Every entry below needs to be printed again exactly, with its pictures left out.

Records from a collection:
--
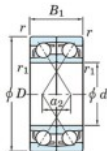

Roulement à bille simple rangée 7304-DF-JTEKT - 7304-DF-JTEKT

<https://www.123roulement.com/roulement-palier/roulement-bille/simple-rangee/7304-df-jtekt>

Boundary dimensions

Angular ball bearings Face to face (DF)

Bearing No.	Boundary dimensions(mm)					Basic load ratings(kN)		Fatigue load limit(kN)	factor	Limiting speeds(min-1)
	d	D	B	r1(mm)	r2(mm)	Cr	Cor	Ca	f0	Grease lub.
7304DF	20	52	30	1.1	0.6	38	20.8	1.6	-	10000

CARACTÉRISTIQUES PRODUIT

Marque	JTEKT
N° Ean13	4549250271083
Diam. intérieur	20 mm
Diam. extérieur	52 mm
Epaisseur	30 mm
Vitesse limite	10000 rpm
Charge dynamique	38 kN
Charge statique	20.8 kN
Conditionnement	1
--
Result:
Roulement à bille simple rangée 7304-DF-JTEKT - 7304-DF-JTEKT

<https://www.123roulement.com/roulement-palier/roulement-bille/simple-rangee/7304-df-jtekt>

Boundary dimensions

Angular ball bearings Face to face (DF)

Bearing No.	Boundary dimensions(mm)					Basic load ratings(kN)		Fatigue load limit(kN)	factor	Limiting speeds(min-1)
	d	D	B	r1(mm)	r2(mm)	Cr	Cor	Ca	f0	Grease lub.
7304DF	20	52	30	1.1	0.6	38	20.8	1.6	-	10000

CARACTÉRISTIQUES PRODUIT

Marque	JTEKT
N° Ean13	4549250271083
Diam. intérieur	20 mm
Diam. extérieur	52 mm
Epaisseur	30 mm
Vitesse limite	10000 rpm
Charge dynamique	38 kN
Charge statique	20.8 kN
Conditionnement	1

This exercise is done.